Karenn – Everything Is Curly (Voam)
When they’re not busy launching themselves into futurist metal projects Blawan and Pariah also like to make techno together. Their Persher project from last year, which emerged on Thrill Jockey in a squall of deathly vocals and freakily processed guitar crunch, actually helped join some dots with the weird DNA that feeds into their solo and collaborative club sounds. Blawan’s especially been stretching his legs away from de rigeur techno with Boschian releases on XL, and at this point the shared Voam label seems a comfortable playground for them to do what the hell they like. That’s a great environment for inventive artists to be in, fully in control of their output and able to indulge their idiosyncrasies.
The consistent oddball in-joke thread of their release titles speaks volumes for the weird mind-meld they exhibit, from 2019’s Grapefruit Regret to 2020’s Music Sounds Better With Shoe, and now after a three-year gap Karenn return with Everything Is Curly.

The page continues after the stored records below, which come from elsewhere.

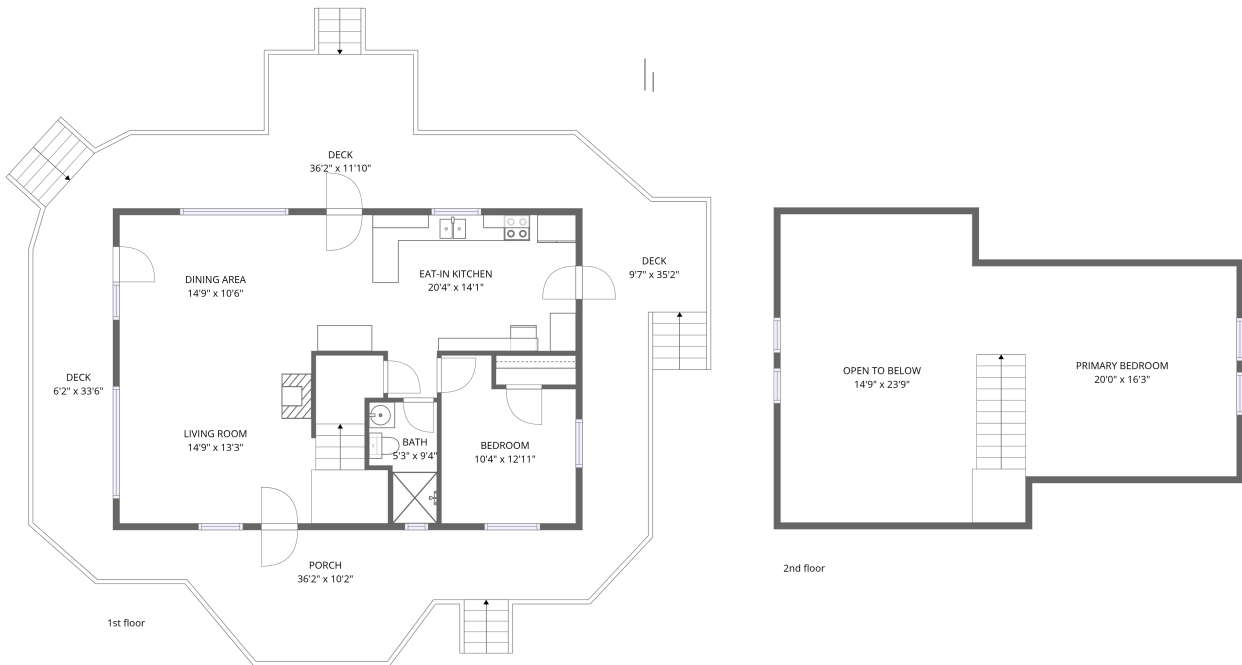

Home data report

739 Socorro Trail, Red Feather Lakes, Colorado 80545, United States

Total Area: 1054 sq. ft

1st Floor: 836 sq. ft, 2nd Floor: 218 sq. ft

Excluded: Deck 648 sq. ft, Porch 251 sq. ft, Open to below 369 sq. ft, Low ceiling 110 sq. ft, Walls: 119 sq. ft

Property summary

 **2** Floors

 **2** Bedrooms

 **1** Bathrooms

739 Socorro Trail, Red Feather Lakes, Colorado 80545, United States

Room dimensions

Floor 1

Total:836sqft Excluded: 899sqft

#		Dimensions	sqft	Counted as living area
1	Living Room	14'9" x 13'3"	235 sq. ft	Yes
2	Porch	36'2" x 10'2"	251 sq. ft	No
3	Deck	36'2" x 11'10"	274 sq. ft	No
4	Bath	5'3" x 9'4"	41 sq. ft	Yes
5	Deck	6'2" x 33'6"	179 sq. ft	No
6	Bedroom	10'4" x 12'11"	117 sq. ft	Yes
7	Deck	9'7" x 35'2"	195 sq. ft	No
8	Dining Area	14'9" x 10'6"	155 sq. ft	Yes
9	Eat-in Kitchen	20'4" x 14'1"	227 sq. ft	Yes

739 Socorro Trail, Red Feather Lakes, Colorado 80545, United States

Room dimensions

Floor 2

Total:218sqft

Excluded: 479sqft

#		Dimensions	sqft	Counted as living area
10	Primary Bedroom	20'0" x 16'3"	218 sq. ft	Yes
11	Open To Below	14'9" x 23'9"	369 sq. ft	No

When you consider the early days of their slammers on She Works The Long Nights, there’s a prominent emphasis on fun which comes springing out of ‘Feeling Horizontal’ with its uncredited vocal sample about “wasting time.” It’s a little kitsch and catchy as hell, sure to wrinkle a few snobby noses in the dance but echoing the same instinct for a hit as the likes of ‘Why They Hide Their Bodies Under My Garage’.

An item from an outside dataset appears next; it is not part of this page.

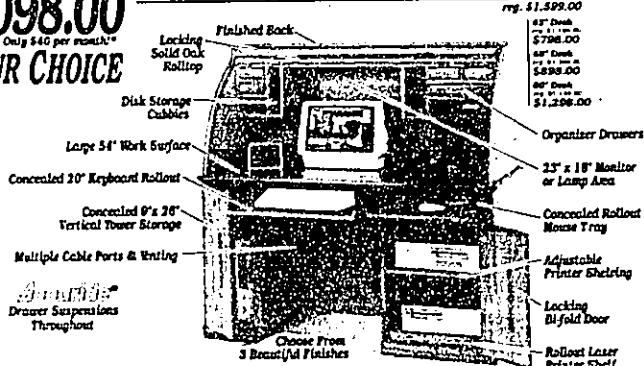

54" SOLID OAK ROLLTOP DESK

reg. $1,599.00

‘Happy Birthday’ finds its own hook in a distorted flute sort of sound, although it’s just as likely wrangled from somewhere deep in the reeds of their considerable modular rigs. What’s more noticeable here is the sonic make-up of the track – for all the globular sound design in the meltdown, there’s a raw, slightly tinny quality to the drums which feels more indebted to rock music than 909-oriented techno. In the end, fitting the prescribed idea of ‘techno’ seems way down the list of priorities for the pair.

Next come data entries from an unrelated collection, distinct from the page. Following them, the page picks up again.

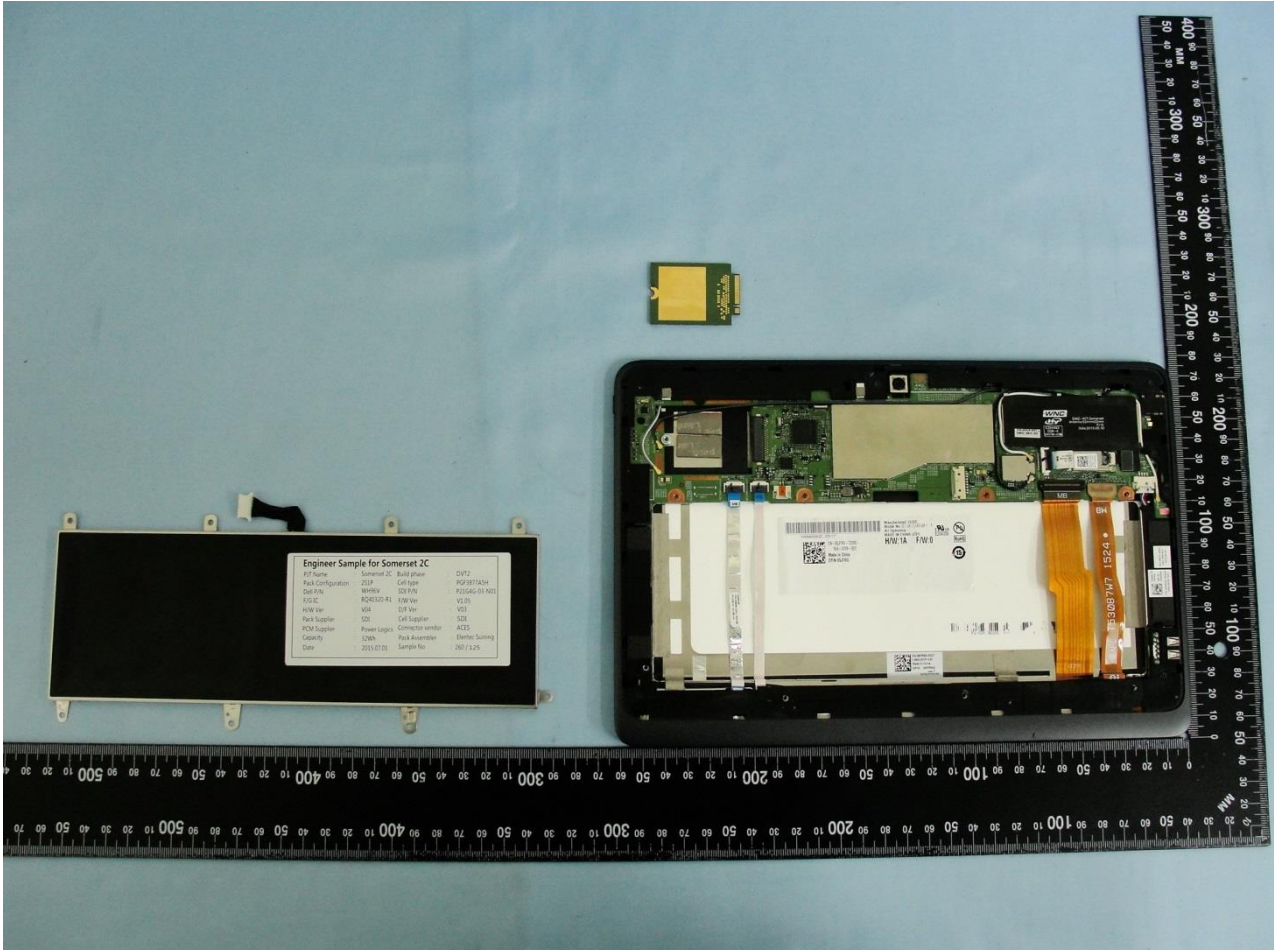

4. Internal Photograph of the Host

Host: Tablet (Brand Name: DELL / Model Name: T16G)

Host: Tablet (Brand Name: DELL / Model Name: T16G)

Host: Tablet (Brand Name: DELL / Model Name: T16G)

Host: Tablet (Brand Name: DELL / Model Name: T16G)

Host: Tablet (Brand Name: DELL / Model Name: T16G)

GPS Antenna & WWAN Aux. Antenna

Host: Tablet (Brand Name: DELL / Model Name: T16G)

NFC Antenna

Host: Tablet (Brand Name: DELL / Model Name: T16G)

There’s rowdy, wonky techno fireworks to knock you sideways on ‘From Hunk To Husk’ and a veritable swamp to get submerged in via ‘When Lutes Were A Thing’, by which point every cross-eyed swerve and lopsided hook sounds like a logical development. For all the flamboyance and surrealism, though, Karenn never let a track derail into pure novelty. They’ve got the chops to paint striking shapes in vivid colours, and they gleefully bait the pitfalls into gimmicks and goofball sonics even as they ably side-step them.
OW

Bottin – Artifact 19 (Artifact)
When physical music media are treated as “artifacts” – relics made to preserve and document ideas – we’re always interested. Dutch dance music pushers Artifact do just as much, and over the course of 18 releases so far before this one, have succeeded in carving out their own niche in reliquary weirdo disco, combining it with Medieval imagery while pushing the work of fellow Dutch legionaries including Cristalli Liquid and Love Supreme. Often, these are aliases of the same artist, Guglielmo Bottin.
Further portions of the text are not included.